After her first glance, Claire had to struggle to avert her eyes from her interlocutor’s amazing helmet of black hair. It was like a toupee so bad it could only be real, she decided. He might have been the George in a quartet of aging Beatles impersonators.

“They failed to endear themselves to the rice-planting interests,” he continued, “and endeared themselves a little too well to makers of ladies’ hats. The last one was taken in the wild in 1904, I believe it was. I’m Ben Jessup, by the way, college librarian.”

“Claire DeLay.”

“I know who you are.” He smiled and shook the hand she offered. “We met in Umbria almost twenty years ago. My uncle was a judge at Casa Grande the year you competed.”

“You’re kidding. Who’s your uncle?”

“Glenn Gould?”

“Glenn Gould was your uncle?” Her hand wandered to the O-ring on the breast of her suit, a peach-colored Vertigo she’d exhumed from dry cleaner’s plastic in the closet, where it had hung for fifteen years. After considerable agony, she’d put it on, having nothing better, and the truth was, it still looked pretty smart and she looked good in it, even if the big chrome motorcycle-jacket-style zipper was a bit too 1989. “Glenn Gould was the reason I became a pianist in the first place,” she said. “I grew up listening to the Goldberg Variations. I must have listened to that record a million times.”

“A million—really?”

“No, you’re right—two million is probably closer to it!”

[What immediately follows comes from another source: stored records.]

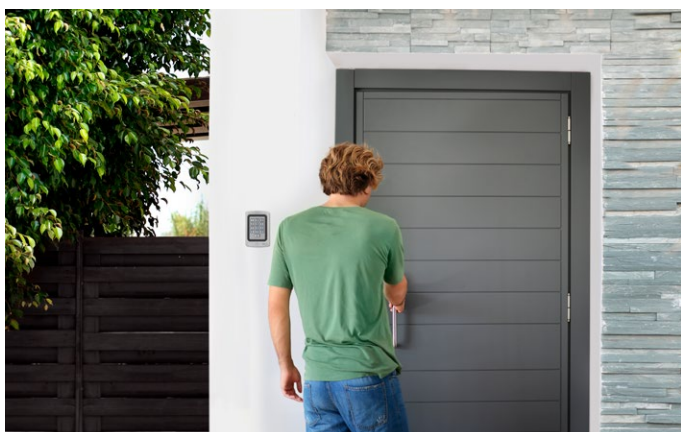

Obecné číslo

H5023
Objednávkové číslo
30 69 050 230
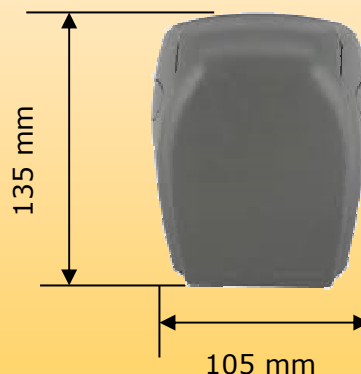

### Description

- Corps très solide résistant aux agressions
- Compartiment pour les clés
- Combinaison programmable
- Facile à fixer sur tout type de mur

Les clés et les badges sont disponibles uniquement pour ceux à qui vous avez donné la combinaison

Double porte pour une meilleure protection aux intempéries

Désignation	Colis	Dimensions	Réf
COFFMASTER2	1	Ext : 135x105x46 mm Int : 96x64x35 mm	Coffmaster2

Jessup laughed. “And do you prefer the ’55 or ’81?”

“Are you kidding—the ’55! Glenn Gould was a god to me!”

“He liked your playing, too.”

“He didn’t! He did not! Did he?”

“Especially the slow movement. You did Brahms’s second, if I recall.”

“Not the third movement?” Claire said. “I was all over the map on the third movement!”

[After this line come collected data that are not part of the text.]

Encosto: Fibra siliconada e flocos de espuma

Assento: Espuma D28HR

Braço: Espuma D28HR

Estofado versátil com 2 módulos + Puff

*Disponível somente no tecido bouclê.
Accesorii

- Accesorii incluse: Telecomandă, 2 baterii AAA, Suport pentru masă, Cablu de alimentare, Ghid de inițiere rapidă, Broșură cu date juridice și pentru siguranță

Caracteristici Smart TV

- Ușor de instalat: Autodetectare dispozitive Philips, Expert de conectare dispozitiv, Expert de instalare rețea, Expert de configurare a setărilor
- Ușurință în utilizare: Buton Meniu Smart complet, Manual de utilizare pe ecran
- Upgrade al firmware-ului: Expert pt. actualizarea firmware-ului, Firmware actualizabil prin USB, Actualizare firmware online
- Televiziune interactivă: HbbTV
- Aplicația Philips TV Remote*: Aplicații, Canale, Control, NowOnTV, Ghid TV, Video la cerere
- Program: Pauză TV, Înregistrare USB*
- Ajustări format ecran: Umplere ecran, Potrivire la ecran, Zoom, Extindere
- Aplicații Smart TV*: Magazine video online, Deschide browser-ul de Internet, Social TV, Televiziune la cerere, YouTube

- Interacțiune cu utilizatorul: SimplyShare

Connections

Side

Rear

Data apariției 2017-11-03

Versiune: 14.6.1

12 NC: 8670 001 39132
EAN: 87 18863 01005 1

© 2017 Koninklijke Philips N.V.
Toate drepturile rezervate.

“Well, he was moved by it.”

“Excuse me while I go outside and shoot myself!”

“Please don’t!” Jessup said, still laughing. “Why would you? I thought you’d be pleased.”

“I am! I am pleased!”

Still smiling, he narrowed his eyes, and how could Claire explain what it meant to her that Glenn Gould had listened to her play the andante of the second twenty years before in a competition she had lost and been moved by it? She couldn’t, so instead, she resorted to the stratagem that twenty years of living with a strong, self-centered man had taught her to perfect. “So, tell me about you.”

“I’m a librarian—I think I mentioned that.” Ben made a funny little moue, and at this evidence of wit, Claire laughed, deciding she liked him. “I can claim credit for this exhibit, though.” His nod returned her to the wall. “Next to Conuropsis is Say’s least shrew, from the Viviparous Quadrupeds. Not one of Audubon’s more attractive renderings, to be perfectly frank. All these prints came to us from the Harlow family, who also bequeathed us Samuel Hilliard’s diary, which I expect you know….” His eyebrows—which bore a familial resemblance to his hair—formed an interrogatory arch.

“I don’t think I do,” Claire said. “Should I?”

“It contains a reference to the disappearance at your house.”

She blinked. “Disappearance? At my house? Wando Passo?”

“You don’t know the story?”

“I don’t believe I do.”

“Good morning, Deanna,” he said. “Join us. Claire, you know Deanna Holmes, don’t you? Deanna, Claire DeLay.”

“We’ve met,” said the assistant dean, a woman in heavy-framed designer glasses, mahogany-toned lipstick, and basic black, like Ben.

“Deanna was on my interview committee,” Claire said, beginning to doubt the wisdom of her suit, which seemed altogether too much like a drink with an umbrella in a cored-out pineapple on a black lacquer tray of dry martinis, up. “She had to tell me what a vita was. How embarrassing was that!”

“Yes,” Deanna agreed, “but here you are. How does it feel?”